Such a computer exists in theory, but it does not exist in practicality – yet – as it would need to operate with circuitry at the scale of single atoms, which is still a daunting challenge, even to state-of-the-art experimental quantum science. To build a quantum computer, one needs to create and precisely control individual quantum memory units, called qubits, for information processing.

Qubits are similar to the regular memory "bits" in current digital computers, but far more fragile, as they are microscopic constituents of matter and extremely difficult to separate from their environment. The challenge is to increase the number of qubits to a practical-size quantum register. In particular, qubits need to be created into sets with precise, nonlocal physical correlations, called entangled states.

Olivier Pfister, a professor of physics in the University of Virginia's College of Arts & Sciences, has just published findings in the journal Physical Review Letters demonstrating a breakthrough in the creation of massive numbers of entangled qubits, more precisely a multilevel variant thereof called Qmodes.

Entanglement dwells outside our day-to-day experience; imagine that two people, each tossing a coin on their own and keeping a record of the results, compared this data after a few coin tosses and found that they always had identical outcomes, even though each result, heads or tails, would still occur randomly from one toss to the next. Such correlations are now routinely observed between quantum systems in physics labs and form the operating core of a quantum computing processor.

Pfister and researchers in his lab used sophisticated lasers to engineer 15 groups of four entangled Qmodes each, for a total of 60 measurable Qmodes, the most ever created. They believe they may have created as many as 150 groups, or 600 Qmodes, but could measure only 60 with the techniques they used.

Each Qmode is a sharply defined color of the electromagnetic field. In lieu of a coin toss measurement, the Qmode measurement outcomes are the number of quantum particles of light (photons) present in the field. Hundreds to thousands of Qmodes would be needed to create a quantum computer, depending on the task.

"With this result, we hope to move from this multitude of small-size quantum processors to a single, massively entangled quantum processor, a prerequisite for any quantum computer," Pfister said.

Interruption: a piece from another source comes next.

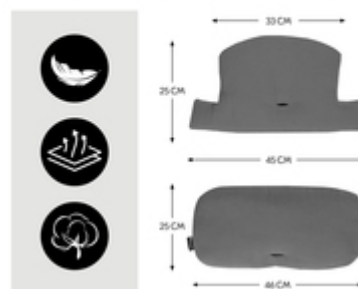

SEMPRE CONFORTEVOLE DURANTE LA PAPPÀ E IL GIOCO

Pfister's group used an exotic laser called an optical parametric oscillator, which emitted entangled quantum electromagnetic fields (the Qmodes) over a rainbow of equally spaced colors called an "optical frequency comb."

Ultrastable lasers emitting over an optical frequency comb have revolutionized the science of precision measurements, called metrology, and paved the way to multiple technological breakthroughs. The inventors of the optical frequency comb, physicists John Hall of the National Institute of Standards and Technology and Theodor Hänsch of the Max-Planck Institute for Quantum Optics, were awarded half of the 2005 Nobel Prize in Physics for their achievement. (The other half went to Roy Glauber, one of the founding fathers of quantum optics.)

With their experiments, Pfister's group completed a major step to confirm an earlier theoretical proof by Pfister and his collaborators that the quantum version of the optical frequency comb could be used to create a quantum computer.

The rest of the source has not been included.